CrossFit training does not take place in a gym. Indeed, Glassman prides himself on being thrown out of many gyms as a trainer. Instead it takes place in a dedicated space Glassman calls “the box”. To allow for the diversity and variance of workout techniques, the box is stripped of machines and mirrors, providing open space for collective workouts.
CrossFit is often understood as a primitivizing, backward-looking model of fitness—a point easily substantiated by its embrace of the paleo diet. However, the subject that CrossFit seeks to shape is not a pre-historic, paleolithic man. Nor is it the commercial gym-goer, adapted to the stresses and strains of everyday middle-class life. Instead, the ideal CrossFitter is the policeman, the fireman and the soldier—one who must be prepared at any moment for unpredictable acts of violence from a hostile nature and humanity. The subject of CrossFit is a deeply dystopian future human who must fight to survive.
***
Min Wong’s exhibition Lone Wolf (2022) presents a box, framed by a cube.
The box—a CrossFit box—is produced by the exhibition’s centrepiece, a steel workout rig. The rig includes various functional elements that one would find in a CrossFit box (rubber mats, bars for chin-ups, a rope) and various non-functional elements that gesture to the 1970s history from which it emerged (crystals, plants, books on wellness). The shape of the box springs up around this set-up like a gestalt.

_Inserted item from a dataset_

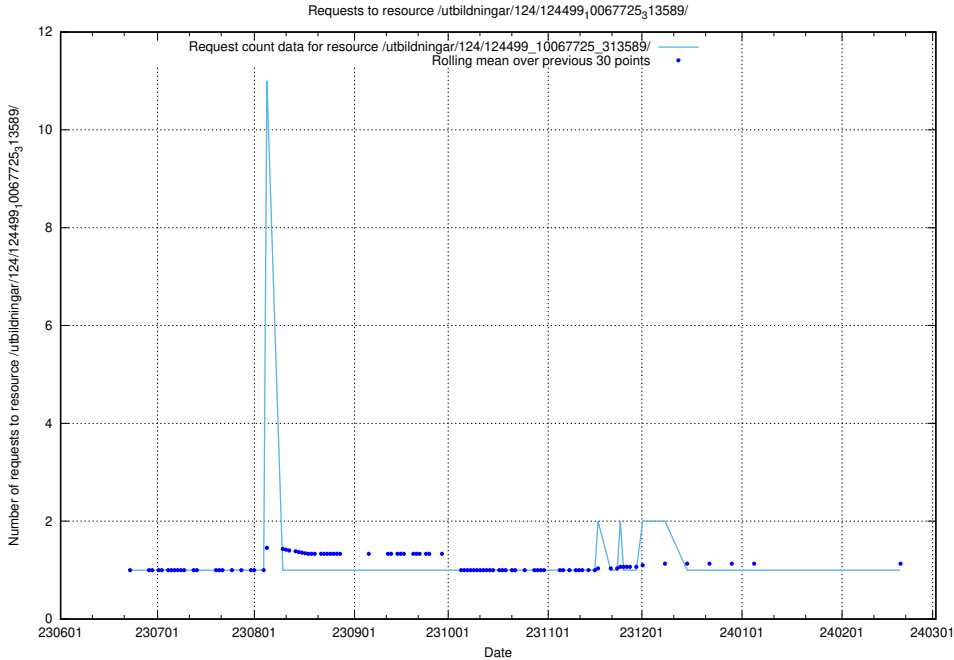

5.5442 Usage of /utbildningar/124/124499_10067725_313589/

Here, we count the number of requests to resource /utbildningar/124/124499_10067725_313589/.

The box is also given definition by a force that pushes in from outside it: the walls of the gallery itself. Here the work points to another history of the late 20th-century subject. In a set of essays published in ArtForum in 1976, the writer and artist Brian O’Doherty explained how the seemingly passive space of the “white cube” became in the modern era an active agent in the production of art. By carefully bracketing out the outside world, O’Doherty argued, the white cube not only elevated the aesthetic objects within it, but produced a particular type of art-viewing subject. If the box was designed as a training ground for fitness, the white cube was a training ground for perceptual experience.
***
In Lone Wolf, the spaces of the box and the cube, and their respective ideal subjects, glitch in and out of each other. What sort of artwork is this?
Although it evokes familiar themes of the body, the community and care, Lone Wolf is not a work of socially engaged art. The work is not participatory. You are not invited to use the rig, nor to sit on the beanbags and read.
Neither is the work an attempt to critique the institutions of CrossFit or art. As the spaces of both the cube and the box stand framed by the other, there is no place left from which such distanced critique could take place.
Lone Wolf is, perhaps, best understood as an architectural project, one that gathers together with great precision a specific cluster of the forces that have given shape to subjectivity in the late 20th century. Fusing CrossFit’s survivalist body with the white cube’s refined perceptual apparatus, Lone Wolf is a factory for a new future supersubject—one that sits on a knife-edge between utopia and dystopia.